В тот же день Пионер, изображая ледокольный пароход «Таймыр», спасающий папанинцев, долбанулся головой об телеграфный столб. Но этого ему показалось мало: он залез на дерево, на котором у него был оборудован наблюдательный пункт, свалился с него и сломал руку. Как раз ту, которой меня ударил. С этого дня как отрезало: он перестал цепляться ко мне и вообще старался обходить меня стороной.

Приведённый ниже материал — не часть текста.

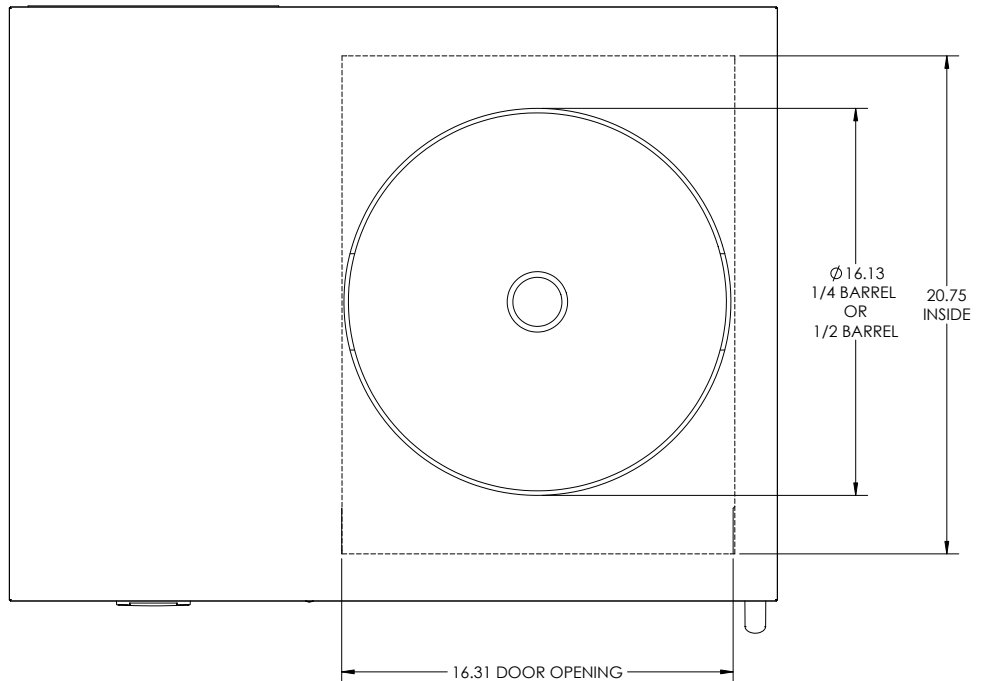

KEG CAPACITY OF NARROW SINGLE-DOOR CABINETS

32IN DIRECT DRAW COMMERCIAL CABINET, KEG LAYOUT

KEG CAPACITY OF NARROW SINGLE-DOOR CABINETS

32IN DIRECT DRAW COMMERCIAL CABINET, KEG LAYOUT

KEG CAPACITY OF NARROW SINGLE-DOOR CABINETS

32IN DIRECT DRAW COMMERCIAL CABINET, KEG LAYOUT
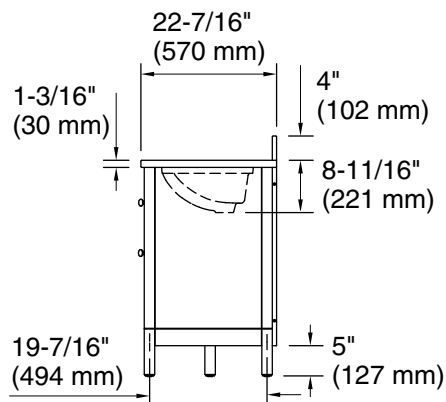

Malin™ by Studio McGee
60" bathroom vanity cabinet with sinks and quartz top
K-35022

Required Electrical Service

One circuit required.

Outlet: 120 V, 12 A, 60 Hz

Technical Information

All product dimensions are nominal.

Charge voltage: USB 5 V

Lighting included: No

Electrical component rating: Outlet: 120 V, 12 A, 60 Hz

Notes

Install this product according to the installation instructions.

Select the type of fastener based upon the wall material. Two 250 lb (113.4 kg) minimum load bearing fasteners are recommended with a lag bolt of length to clear obstacles in the wall and 5/16" washers. Calculate the proper lag bolt length by adding the 1-1/2" (38 mm) backing material, plus the wallboard thickness, plus the back rail thickness.
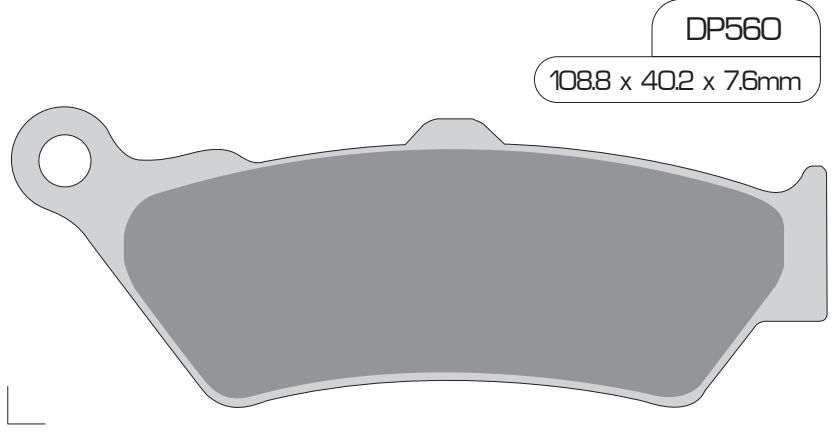

125 x 4HR fit RDP913

137 x 4B fit SDP911

Radial Mount Caliper fit SDP942

Integrated Rear Caliper for Softail fit DP630

А Настин альбом я потом склеил и отдал ей. Никогда не забуду сияние ее благодарных глаз. В них была такая бескрайняя синева, что казалось, будто само небо заглядывает тебе в душу. Теперь не проходило и дня, чтобы мы не были вместе. Настя позволяла мне смотреть, как она рисует. Но разговорчивее не стала – мы по-прежнему переговаривались только взглядами и жестами. Потом я узнал: у нее мутизм. Это когда человек может говорить, но почему-то не хочет. Настя не хотела. А если и разговаривала, то только сама с собой.
Со мной тоже не все было ладно – я не перестал внезапно пропадать и появляться в самых неожиданных местах. Я блуждал по каким-то темным лабиринтам и тоннелям, нырял в барсучьи норы, выпадал из солнечного дня в сумрак ночи, потом снова возвращался и ничего уже не помнил – где я был, почему оказался именно здесь и сколько времени прошло, пока я отсутствовал. Знаю только одно – во всех своих странствиях я пытался найти причину тьмы и открыть источник огня, который представлялся мне в виде мерно полыхающего цветка под мертвыми часами с остановившимися стрелками. Я очень хотел и очень боялся этого, боялся, что найдя его, не смогу вернуться обратно, потому что окажусь внутри наплывающего на меня огненного шара и сгорю дотла…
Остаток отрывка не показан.